Last year saw BMW's smallest hatchback morph into BMW's smallest coupe and convertible.
There's more to come on the 1 Series front - a X1 mini off-roader and even a sedan are on the cards - but for the moment, the extensive re-engineering work to turn a five-door into two two-doors was more than enough to give them COTY eligibility. With the likes of the 120i Convertible weighing in at just $52,900, sales far exceed COTY's requirement of at least 250 units per annum.
On the COTY catwalk - where judges got to poke, prod, sit in, examine and learn about the cars before driving them - the 1 Series duo got a qualified nod of approval. The proportions are a little weird thanks to a high roof, stumpy boot and long bonnet, the latter to accommodate an in-line six. The 135i shouts its intentions with an M-Sport bodykit. Better than adequate rear leg room led the 190cm Poppitt to describe the packaging as "pretty bloody good", although others were less enthusiastic about available head room in the coupe, or the rear-seat narrowness of the convertible enforced by the folding roof mechanism.
Our selections from the range started with the 2.0-litre four-cylinder 120i and 3.0-litre six 125i Convertibles through to the 125i Coupe and brawny 135i turbo six Coupe. Given the latter is being favourably compared with past M3s, its $72,230 price tag seems relatively affordable, but against other respected chop-tops like the VW Eos, the Convertible's (up to $80,000) sticker seemed excessive.
Driving any BMW should be a joyful experience, and on the whole, the latest 1 Series variants didn't disappoint. Sheer performance from the 135i was tempered by the atmo engine's absolute smoothness, and its useful balance of power and precision in what is, after all, a relatively lightweight and short wheelbase car. "Love that engine" said Stahl, and although noting the 135i's "knuckly" manual gearbox action, declared it "one hell of a package".
Electronic stability control was adjudged to be finely attenuated on any model, acting promptly on the slippery dirt section but not shutting down forward progress completely. Or, it could be completely switched off if needed. Not that this was such a good idea in the 135i on the bitumen handling sections; its 225kW and 400Nm in less than 1500kg of car constantly tested traction.

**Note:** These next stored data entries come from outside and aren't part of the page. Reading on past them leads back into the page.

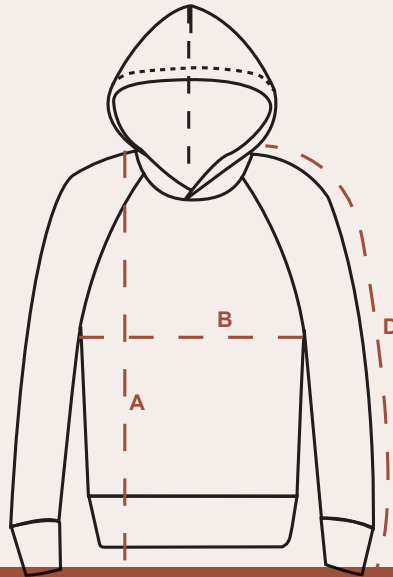

pärfjes

FAIR & LOVELY

| Sizes | S | M | L | XL | XXL |
|---------------------------------|-------|-------|-------|-------|-------|
| A Body Length | 68 cm | 72 cm | 74 cm | 76 cm | 78 cm |
| B HalfChest 2,5cm below armhole | 51 cm | 54 cm | 57 cm | 60 cm | 63 cm |
| D Sleeve length | 75 cm | 78 cm | 80 cm | 82 cm | 84 cm |
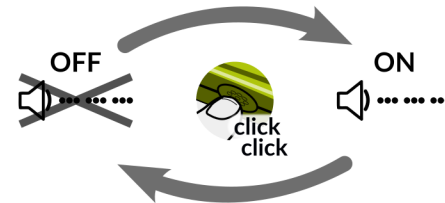

ON / OFF

ON : click
OFF : ⌘ 2 sec.

Volume & LED

↓ Sink alarm settings

↻ Weak lift buzzer

↑ Vario settings

Here is your memo card !

Cut it out and place it into your backpack name tag window.

Form for a memo card with fields for Name, Tel, and Mail. It includes two diagrams: 'Weak lift buzzer' and 'Volume & LED'. The 'Weak lift buzzer' diagram shows a cycle between OFF and ON with a 'click click' label. The 'Volume & LED' diagram shows a cycle between a speaker icon and a 'click' label. The bottom of the card has the logo 'leBipBip+ Memo Card'.
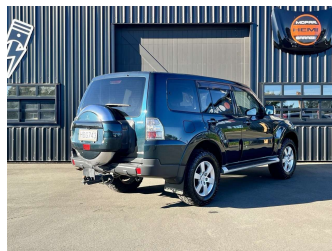

2006 Mitsubishi Pajero 3.8P EXCEED 4X4 7 SEATER

Purchase Price **\$14,990**
Includes GST, Registration & Licensing

Finance may be available on this vehicle. Ask one of our friendly staff for more information.

Gain peace of mind with Mechanical Breakdown Insurance. **Ask us how.**

Top features

None Listed

Body Style
SUV / 4x4

Odometer
172,332 km

Engine
3820 cc, Petrol

Fuel Type
Petrol

Transmission
Automatic, 4WD
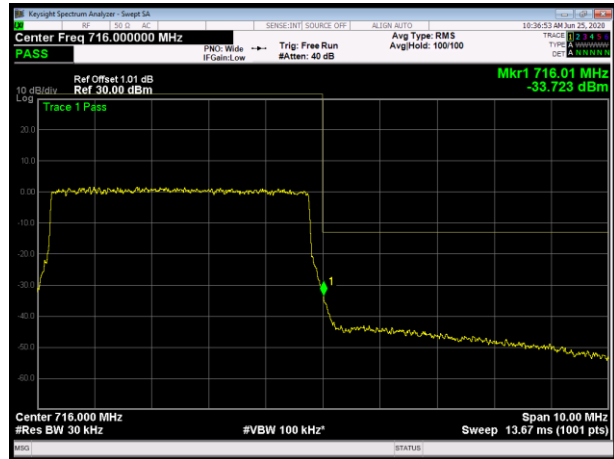

LTE Band 12 16QAM 5MHz CH-Low, 1 RB

LTE Band 12 16QAM 5MHz CH-High, 1 RB

LTE Band 12 16QAM 5MHz CH-Low, 100%RB

LTE Band 12 16QAM 5MHz CH-High, 100%RB

LTE Band 12 16QAM 10MHz CH-Low, 1 RB

LTE Band 12 16QAM 10MHz CH-High, 1 RB
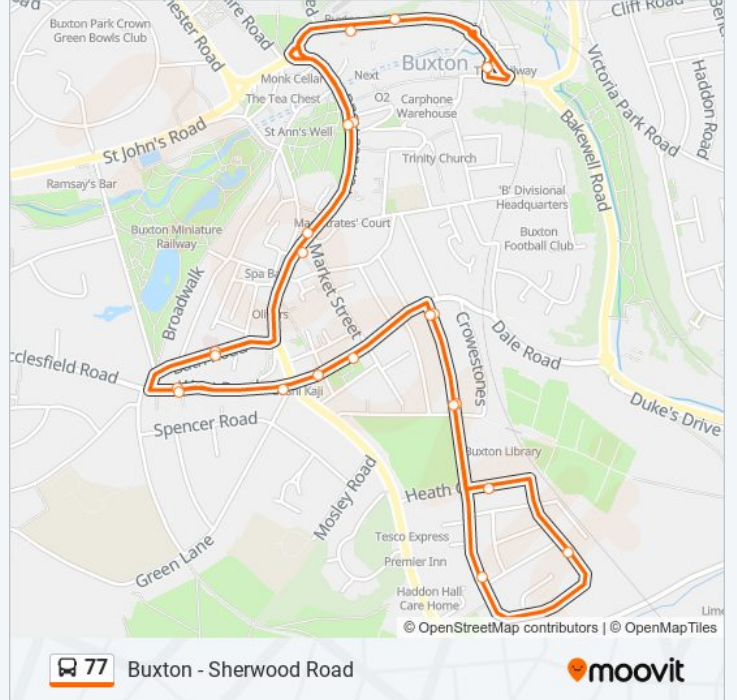

Buxton - Sherwood Road

Get The App

The 77 bus line Buxton - Sherwood Road has one route. For regular weekdays, their operation hours are:

(1) Buxton: 10:00 - 16:00

Use the Moovit App to find the closest 77 bus station near you and find out when is the next 77 bus arriving.

Direction: Buxton

22 stops

[VIEW LINE SCHEDULE](#)

- Sylvan Park, Buxton
- Railway Station, Buxton
- Terrace Road, Buxton
- Market Place, Buxton
- Health Centre, Buxton
- Belvedere Terrace, Buxton
- War Memorial, Buxton
- Heath Park Road No1, Buxton
- Cote Heath Park, Buxton
- Aldwark Road West, Buxton
- Aldwark Road East, Buxton
- Kents Bank Road, Buxton
- Cote Heath Park, Buxton
- Heath Park Road No1, Buxton
- War Memorial, Buxton
- Five Ways Cafe, Buxton
- Belvedere Terrace, Buxton
- Health Centre, Buxton
- Market Place, Buxton
- Terrace Road, Buxton
- Railway Station, Buxton
- Sylvan Park, Buxton

77 bus Info

Direction: Buxton

Stops: 22

Trip Duration: 20 min

Line Summary:

77 bus time schedules and route maps are available in an offline PDF at moovitapp.com. Use the Moovit App to see live bus times, train schedule or subway schedule, and step-by-step directions for all public transit in East Midlands.
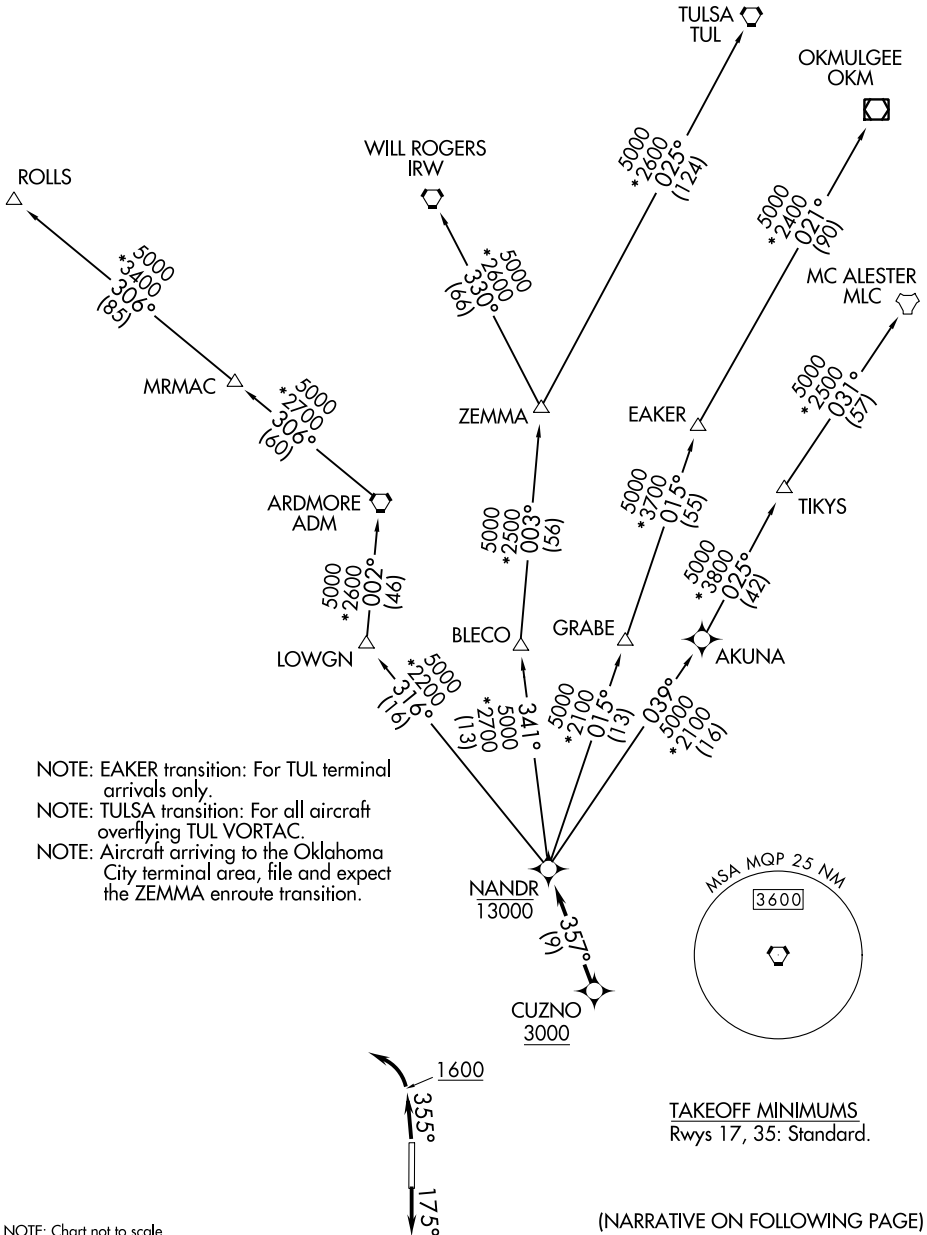

NANDR TWO DEPARTURE (RNAV)

REGIONAL DEP CON
135.975 379.9

RNAV 1 - DME/DME/IRU or GPS.

RADAR required.

**TOP ALTITUDE:
ASSIGNED BY ATC**

SC-2, 13 JUN 2024 to 11 JUL 2024

SC-2, 13 JUN 2024 to 11 JUL 2024

NOTE: Chart not to scale.

(NARRATIVE ON FOLLOWING PAGE)

We treated the roofed and roofless models as separate variants, but did the convertibles lose out in any way to the coupes? The weight penalty is around 100kg, boot space is reduced by 65 litres with the soft-top in place (or 110 litres folded) and on the whole, judges found the relatively small loss of body rigidity acceptable. "Not a lot of evidence of scuttle shake with the roof down," Newton surmised.
So, no gripes with the 1 Series Coupe or Convertible? Well, there were a few niggles, and they added up. I'm not a great fan of the ride, which is supple enough up to a point but quickly runs out of suspension travel and becomes harsh over really rough stuff. Or perhaps it's those standard run-flat tyres. Robbo bemoaned the "heavy steering at low speeds" (whereas Poppitt loved "the heavy, meaty steering") and the twitchy, powerful 135i felt "a bit too much engine for the package," according to Bulmer.
That's not taking into account a spooky chain of problems with the 1 Series variants we tested. The seat height adjustment broke in one of the cars, but it was the 120i Convertible that was worst affected. The lower control arm on its right front suspension went banana-shaped, leaving the front wheels pointing cockeyed in two directions. It probably bounced badly off something on the dirt loop, but to so comprehensively bend a substantial component without anyone noticing the hit seemed strange and disconcerting.
Both variants scored highly on safety, with the obvious exclusion of curtain airbags on the convertibles, although its side bags offer head and thorax protection, and they have natty pop-up roll-over protection behind the rear seats. Environmentally, it is slightly above average thanks to the lack of mass and the most popular variant - the 120i Convertible - having a relatively efficient engine.
But both the 1 Series Coupe and Convertible missed the cut. There's no doubt they are exciting cars to drive, especially those with larger engines, and the 125i Coupe was universally praised as being the sweetest of the bunch. Doubts over value, rear-seat accommodation and ride comfort caused judges to mark the 1 Series twins about mid-field, and there was polarisation about whether the powerful 135i was as well-rounded as BMW's best coupes. And to progress to the next round of Car of the Year 2008 that just wasn't quite good enough.